▶ _Dataset entries_
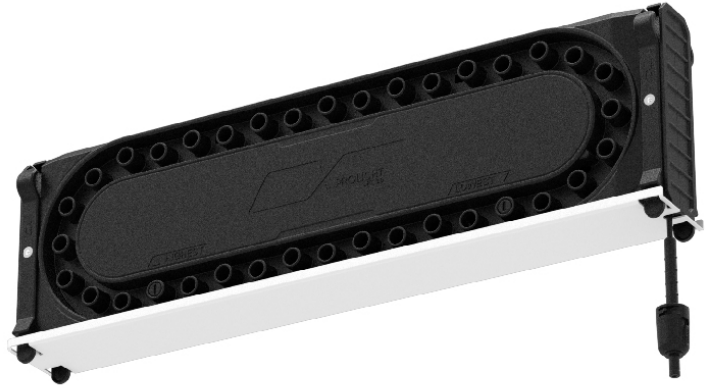

PROJECT	
TYPE	
NOTES	
QUANTITY	
DATE	

A3G50-TRI-SYS COMPONENTS

A38842-

DESCRIPTION

G-50 Channel | Gravity Lift - Mechanical Gravity Lift for G-50

GENERAL

Series: Snooker
Subseries: Snooker G-50 Channel for Gravity Lift
Brand: Prolicht
Division: Architectural

PHYSICAL

Shape: Rectangle
Length (mm): 350
Length (in): 13 3/4
Width (mm): 42
Width (in): 1 5/8
Height (mm): 105
Height (in): 4 1/8
Weight (kg): 0.582
Weight (lbs): 1.28
Fixture Finish: SSR / BKV / CWI / CRY / HAB / UFT / ITA / RUA / FTG / MYG / LOD / PUS / FRO / FUP / KIA / POP / BLS / SPG / MEY / GOH / GUM / CHC / COM / ABZ / JAG / OBR / MOS / ROR
Fixture Material: Aluminum

RATINGS AND CERTIFICATIONS

Certified By: Certified for North American Standards
IP rating: IP20

▶ _Problem description_
Gather all lines of the records that include the word "Channel".

▶ _Answer space_
G-50 Channel | Gravity Lift - Mechanical Gravity Lift for G-50
Subseries: Snooker G-50 Channel for Gravity Lift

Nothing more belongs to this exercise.